───── Entries provided ─────
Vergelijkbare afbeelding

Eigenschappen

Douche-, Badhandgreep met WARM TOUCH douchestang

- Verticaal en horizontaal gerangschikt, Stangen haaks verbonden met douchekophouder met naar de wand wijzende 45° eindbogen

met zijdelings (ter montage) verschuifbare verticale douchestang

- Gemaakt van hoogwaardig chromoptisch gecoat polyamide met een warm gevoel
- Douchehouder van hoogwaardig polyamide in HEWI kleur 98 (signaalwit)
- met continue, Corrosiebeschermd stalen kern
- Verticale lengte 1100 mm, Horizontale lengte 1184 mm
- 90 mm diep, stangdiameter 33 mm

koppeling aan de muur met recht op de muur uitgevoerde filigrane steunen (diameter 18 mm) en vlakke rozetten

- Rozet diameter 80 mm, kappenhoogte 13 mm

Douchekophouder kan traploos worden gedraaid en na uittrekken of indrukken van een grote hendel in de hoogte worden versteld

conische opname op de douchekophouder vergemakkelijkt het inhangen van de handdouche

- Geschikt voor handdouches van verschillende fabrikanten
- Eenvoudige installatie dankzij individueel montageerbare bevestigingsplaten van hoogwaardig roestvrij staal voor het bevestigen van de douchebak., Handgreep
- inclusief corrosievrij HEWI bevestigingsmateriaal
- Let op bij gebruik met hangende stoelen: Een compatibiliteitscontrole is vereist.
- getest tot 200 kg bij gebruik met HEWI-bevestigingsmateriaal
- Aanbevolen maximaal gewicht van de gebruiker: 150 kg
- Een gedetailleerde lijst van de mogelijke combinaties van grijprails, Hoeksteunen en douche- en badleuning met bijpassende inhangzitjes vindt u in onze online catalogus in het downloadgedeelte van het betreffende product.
─────
───── Entries provided ─────
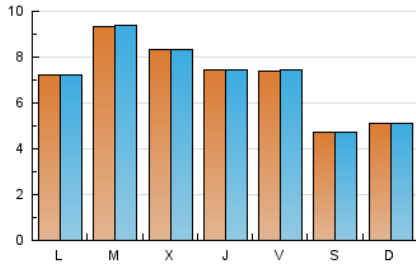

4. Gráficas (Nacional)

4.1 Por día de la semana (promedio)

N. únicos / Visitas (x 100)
─────
Problem details >> In the material above, transcribe exactly the lines beginning at the one with "Eigenschappen" and ending at the one with "- Let op bij", both included.

Exercise response >>
Eigenschappen

Douche-, Badhandgreep met WARM TOUCH douchestang

- Verticaal en horizontaal gerangschikt, Stangen haaks verbonden met douchekophouder met naar de wand wijzende 45° eindbogen

met zijdelings (ter montage) verschuifbare verticale douchestang

- Gemaakt van hoogwaardig chromoptisch gecoat polyamide met een warm gevoel
- Douchehouder van hoogwaardig polyamide in HEWI kleur 98 (signaalwit)
- met continue, Corrosiebeschermd stalen kern
- Verticale lengte 1100 mm, Horizontale lengte 1184 mm
- 90 mm diep, stangdiameter 33 mm

koppeling aan de muur met recht op de muur uitgevoerde filigrane steunen (diameter 18 mm) en vlakke rozetten

- Rozet diameter 80 mm, kappenhoogte 13 mm

Douchekophouder kan traploos worden gedraaid en na uittrekken of indrukken van een grote hendel in de hoogte worden versteld

conische opname op de douchekophouder vergemakkelijkt het inhangen van de handdouche

- Geschikt voor handdouches van verschillende fabrikanten
- Eenvoudige installatie dankzij individueel montageerbare bevestigingsplaten van hoogwaardig roestvrij staal voor het bevestigen van de douchebak., Handgreep
- inclusief corrosievrij HEWI bevestigingsmateriaal
- Let op bij gebruik met hangende stoelen: Een compatibiliteitscontrole is vereist.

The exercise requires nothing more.